(Assigned task): Where in the listing does the word "driver" appear? Report each line that holds it.

(The records):
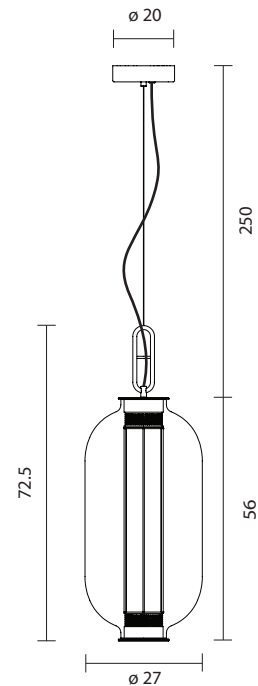

BAIT BA BA

by Neri&Hu, 2014

Suspension lamp. Structure and canopy in bronze electroplated steel. Diffuser in blown transparent, amber and grey glass. Strip led column (dimmable driver included) provide ambient light and module led placed at the bottom (connected direct to main) provide direct light.

Type: Suspension lamp

Environment: Indoor

Structure: Steel

Diffuser: Glass

Voltage: 230 V

Supply: Terminal strip

Dimmable driver included

Cable length: 250 cm

Light source: Strip LED 15.4W 2700K 1150Lm
+ Module LED $\varnothing 70$ 16.6W 2700K 1350Lm

BAIT BA BA

116000640976 **amber diffuser**
116000640977 **grey diffuser**
116000640978 **transparent diffuser**

 **7.6 kg**
14.8 kg

CE   IP-20

(Expected output):
Suspension lamp. Structure and canopy in bronze electroplated steel. Diffuser in blown transparent, amber and grey glass. Strip led column (dimmable driver included) provide ambient light and module led placed at the bottom (connected direct to main) provide direct light.
Dimmable driver included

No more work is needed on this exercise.